April 10, 2009
"Adaptive Sampling for Bayesian Inference"
by Dr. Robert Kohn (University of New South Wales)
Abstract: The talk is concerned with the construction of adaptive sampling schemes for Bayesian Inference. Such schemes use previous iterates to tune the proposal distribution automatically and repeatedly. Such schemes have two main advantages over conventional Markov chain Monte Carlo sampling. First, they can be much more efficient than conventional schemes. Second, they are much easier to code because they usually just require problem specific code for the likelihood, with the code for the proposal densities generic. Adaptation needs to be done carefully to ensure convergence to the correct target distribution because the resulting chain is not Markovian. We give conditions for adaptive sampling to work and discuss their application in practice. We introduce several sampling schemes and illustrate the methodology using challenging but realistic models and priors applied to real data examples.

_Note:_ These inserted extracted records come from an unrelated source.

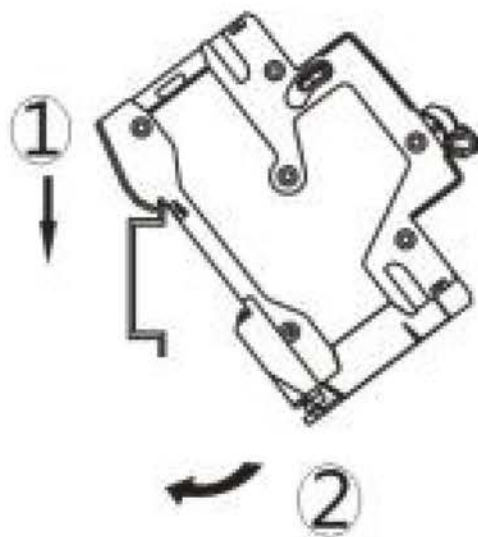

DIN-рейка TH35-7.5
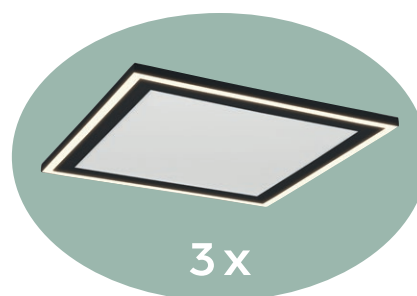

03 R67212031 Weiß matt · white mat
 ↑ 3,5 cm ↔ 20 cm ↗ 20 cm
 incl. 1 x SMD - LED
 10 W · 1.350 lm · 4.000 K
 incl. 1 x SMD - LED
 7 W · 1.000 lm · 4.000 K

04

05

06

Getrennt schaltbar
Separately switchable

Education: PhD and Master of Economics Bachelor of Science
Academic Profile: Dr. Kohn's research and teaching interests include: Bayesian methodology Variable selection and model averaging Nonparametric regression models Time series modeling Multivariate Gaussian and non-Gassian regression Markov chain Monte Carlo simulation algorithms
January 21, 2009
"Risk Assessment for Pyroclastic Flows"
by Dr. James Berger (Duke University)
Abstract: Risk Assessment of rare natural hazards -- such as large volcanic block and ash or pyroclastic flows -- is addressed. Assessment is approached through a combination of computer modeling, statistical modeling, and extreme-event probability computation. A computer model of the natural hazard is used to provide the needed extrapolation to unseen parts of the hazard space. Statistical modeling of the available data is needed to determine the initializing distribution for exercising the computer model. In dealing with rare events, direct simulations involving the computer model are prohibitively expensive. Solution instead requires a combination of adaptive design of computer model approximations, (emulators) and rare event simulation. The techniques that are developed for risk assessment are illustrated on a test-bed example involving pyroclastic flow.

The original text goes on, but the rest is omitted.